In addition to using simulated data, we also applied the DIF methods to male-female 
analyses of data collected in the 1990 NAEP reading and writing trend assessments (see 
Johnson & Allen, 1992). The sample consisted of about 2,000 eleventh grade examinees who 
were administered a combination of multiple-choice reading items, constructed response 
reading items, and constructed response writing items. The constructed response items were 
scored on an ordinal scale by trained readers. The main purpose of the NAEP analysis was to 
2isstss feasibility. We wanted to make sure that no computational problems arose when real 
data, rather than model-generated data were analyzed. No such problems occurred, and, in 
general, the two test statistics behaved as anticipated.

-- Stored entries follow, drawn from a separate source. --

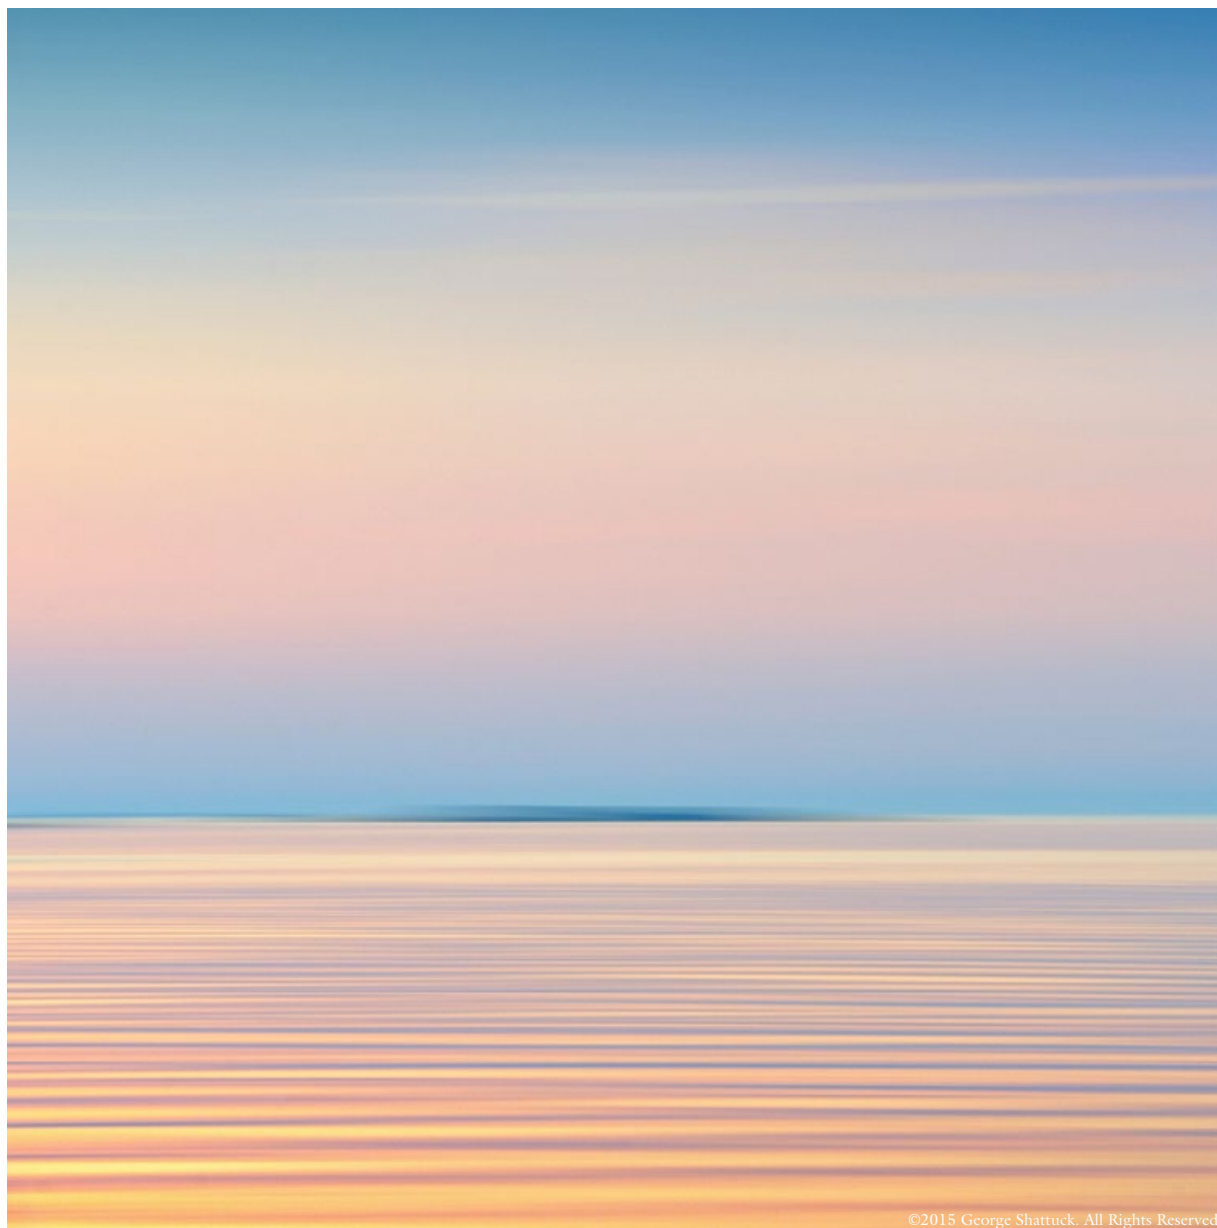

THE IRIS GALLERY OF FINE ART
info@irisgallery.net
617.895.8951 | 970.429.1010 | 413.429.6878

ISLAND

Archival Pigment Ink Print
signed, George Shattuck

©2015 George Shattuck. All Rights Reserved

As would be expected with ordered 
responses, it was not unusual to find items for which the Mantel procedure led to a 
statistically significant result, while the GMH did not. It was interesting, however, to find 
NAEP items in which the opposite occurred. In particular, on one essay item (scored on a 0 - 
4 scale), the GMH procedure led to a statistically significant result for a comparison of males 
and females, while the Mantel procedure did not Conditional on the matching variable, 
response distributions for the two groups were different on this item, but mean responses 
were similar, as in the balanced DIF condition in the simulated data. If the entire response 
distribution, rather than merely the means, is of interest, the GMH may be the procedure of 
choice even when the response categories are ordered. 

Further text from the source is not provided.